На следующий день меня вызвали в дирекцию и сказали, что я уволена.
Признаюсь, был короткий период, когда решила завязать с актерской профессией и стать театральным критиком: «Вот тогда я вам всем устрою — мало не покажется!» Но на счастье — и мое, и тех, кому предопределялось корчиться на острие моего пера, — меня приняли в труппу Театра имени Станиславского.
Упустить такой шанс было непростительно, и я стала ходить на все спектакли и учить все роли, которые могла бы играть. И как только кто-то из исполнительниц заболевал или уходил в декрет, предлагала себя в качестве замены. Таким образом сначала влезла в кучу спектаклей, а вскоре стала получать роли главных героинь в новых постановках. Сыграла Таню в «Прощании в июне» Вампилова, Луизу в «Коварстве и любви» Шиллера, Сашу в «Живом трупе» Толстого... Кстати, на одном из этих спектаклей побывал Юрий Васильевич Катин-Ярцев. На следующий день мастер специально пришел в театр и попросив позвать меня с репетиции, сказал: «Аня, вы прекрасно играли. Я так счастлив, что в вас ошибся».
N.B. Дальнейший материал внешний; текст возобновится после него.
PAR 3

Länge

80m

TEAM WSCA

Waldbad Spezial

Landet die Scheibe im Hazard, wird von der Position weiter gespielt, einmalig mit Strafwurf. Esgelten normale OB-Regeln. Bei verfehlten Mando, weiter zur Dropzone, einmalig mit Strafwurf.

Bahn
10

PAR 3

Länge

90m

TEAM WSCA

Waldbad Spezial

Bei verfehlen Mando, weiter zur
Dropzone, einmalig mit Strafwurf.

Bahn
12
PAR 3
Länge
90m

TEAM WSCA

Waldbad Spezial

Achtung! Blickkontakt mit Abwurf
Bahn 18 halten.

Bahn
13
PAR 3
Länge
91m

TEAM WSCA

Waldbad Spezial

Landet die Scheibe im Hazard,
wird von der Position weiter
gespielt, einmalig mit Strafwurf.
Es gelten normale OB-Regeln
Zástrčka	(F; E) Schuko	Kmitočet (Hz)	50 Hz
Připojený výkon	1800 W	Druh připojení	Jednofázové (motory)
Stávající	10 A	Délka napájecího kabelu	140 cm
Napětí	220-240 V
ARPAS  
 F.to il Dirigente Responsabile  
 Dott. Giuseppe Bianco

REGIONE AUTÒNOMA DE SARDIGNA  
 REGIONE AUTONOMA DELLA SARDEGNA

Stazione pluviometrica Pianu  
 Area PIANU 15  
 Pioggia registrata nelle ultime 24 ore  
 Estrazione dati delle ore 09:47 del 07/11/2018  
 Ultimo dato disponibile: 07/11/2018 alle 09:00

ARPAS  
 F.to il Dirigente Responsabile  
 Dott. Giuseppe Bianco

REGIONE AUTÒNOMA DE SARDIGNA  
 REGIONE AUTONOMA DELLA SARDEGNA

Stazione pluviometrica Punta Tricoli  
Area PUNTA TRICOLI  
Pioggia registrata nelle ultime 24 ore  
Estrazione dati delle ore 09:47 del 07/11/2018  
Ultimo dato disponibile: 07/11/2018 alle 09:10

Очень хотела сыграть Лиззи в «Продавце дождя», но поскольку пьесу Ричарда Нэша в Театре Станиславского ставил Леонид Варпаховский, шансов получить ее у меня не было. Роль досталась Людмиле Поляковой. Спектакль с успехом шел несколько месяцев, когда стало известно, что актриса ждет ребенка. Заглядываю однажды в репертуарную часть с каким-то текущим вопросом и слышу:
— Мы решили предложить Леониду Викторовичу ввести тебя в «Продавца дождя» на то время, пока Мила в декрете. Как к этому относишься?
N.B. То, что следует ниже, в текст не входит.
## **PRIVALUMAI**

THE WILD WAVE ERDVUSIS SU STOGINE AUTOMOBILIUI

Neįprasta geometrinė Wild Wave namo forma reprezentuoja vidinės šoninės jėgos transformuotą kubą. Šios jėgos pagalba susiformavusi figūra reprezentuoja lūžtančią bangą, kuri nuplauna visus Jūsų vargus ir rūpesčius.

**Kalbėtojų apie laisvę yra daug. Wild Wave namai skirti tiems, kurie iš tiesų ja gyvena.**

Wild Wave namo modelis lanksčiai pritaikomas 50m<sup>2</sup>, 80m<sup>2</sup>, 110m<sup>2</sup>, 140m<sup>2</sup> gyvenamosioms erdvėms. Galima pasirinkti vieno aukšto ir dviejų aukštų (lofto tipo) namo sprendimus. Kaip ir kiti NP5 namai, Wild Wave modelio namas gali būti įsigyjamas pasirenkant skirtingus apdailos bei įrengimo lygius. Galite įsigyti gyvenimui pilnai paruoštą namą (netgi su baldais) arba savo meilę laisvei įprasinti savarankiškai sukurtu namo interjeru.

Меня чуть не разорвало от радости:
— Я согласна! А когда будете папе звонить?
— Сегодня, через час-полтора.
Лечу домой и жду у параллельного телефона. Наконец раздается звонок, одновременно с папой поднимаю трубку и слышу такой диалог:
— Леонид Викторович, мы тут посовещались и решили ввести на роль Лиззи Анну Леонидовну.
— А кто это?
На том конце провода повисает пауза, потом звучит недоуменное:
— Как кто? Ваша дочь — Анна Варпаховская.
— А-а, нет! Эта артистка не годится, подумайте еще.
Несусь к нему с воплем:
— Папа, как ты мог?!
И он подслащивает уже проглоченную мной горькую пилюлю:
— Понимаешь, Лиззи же некрасивая, а ты красивая, поэтому не подходишь.
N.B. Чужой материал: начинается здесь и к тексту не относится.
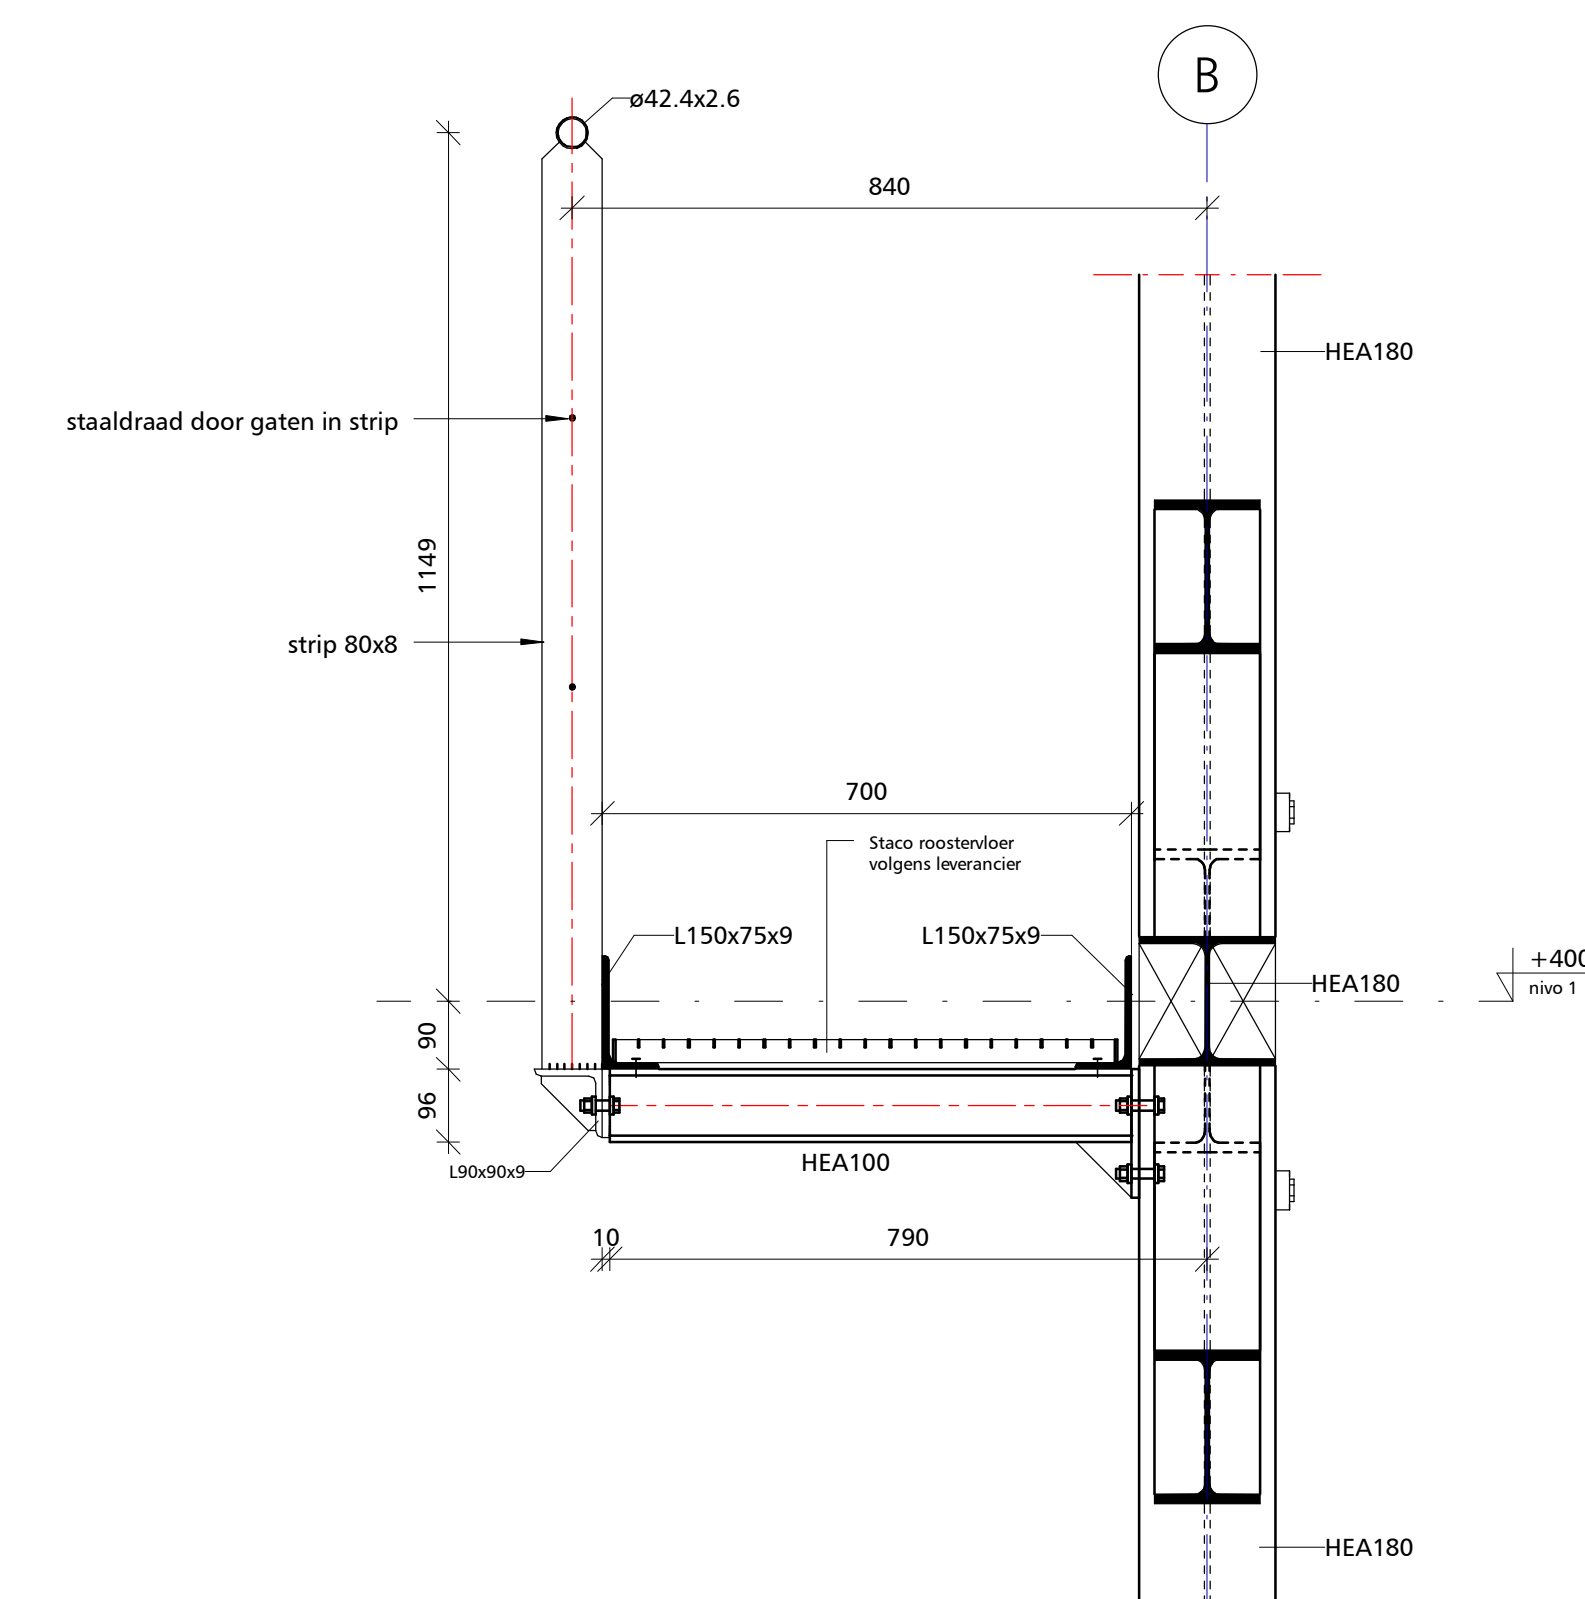

detail 10
1 : 10

Не думаю, что он совсем уж не верил в меня, только страх: «Вот дам дочери роль, а если она не справится? Куда тогда со стыда деваться?» — оказался сильнее.
Хорошо помню выражение его лица на первых репетициях спектакля «Волки и овцы», где мама выбила-таки мне роль Глафиры. С каким умилением он смотрел на других актеров и какой скорбью наполнялся взгляд, переведенный на меня. Я страшно комплексовала, но держала переживания при себе. В глубине души знала, что справлюсь и папа еще будет мной гордиться.
Худсовету «Волков и овец» сдавали на гастролях в Куйбышеве. Перед огромным, темным, безмолвным залом. После показа у меня было четкое ощущение, что провалилась. Коллеги начали жалеть, давать советы, как вести себя в этой сцене, чего добавить в другой. Еще немного, и вконец бы запутали, сбили, заморочили. Чтобы этого не случилось, папа на три дня запер меня в гостиничном номере — даже еду туда носил. На четвертый день — премьера, где с первого появления Глафиры на сцене между мной и публикой возник контакт. Это так вдохновило и раскрепостило, что я буквально купалась в роли. А папа, как потом поведала мама, сидел в зале пунцовый от гордости и на моих сценах показывал большой палец. Когда вернулись в гостиницу, я поцеловала ему руку — в благодарность за первый сумасшедший успех и за заточение в номере. Останься я «на свободе», точно ничего не сыграла бы.
Московская премьера была назначена на тринадцатое февраля 1976 года — на следующий день после ухода папы. Я не представляла, как смогу выйти на сцену, готова была попросить руководство театра отменить спектакль. Но мама запретила: «Папа бы этого не одобрил». Как отыграла в тот вечер, не помню... Впоследствии на протяжении многих лет «Волки и овцы» шли на сцене театра двенадцатого февраля — в память о Леониде Варпаховском.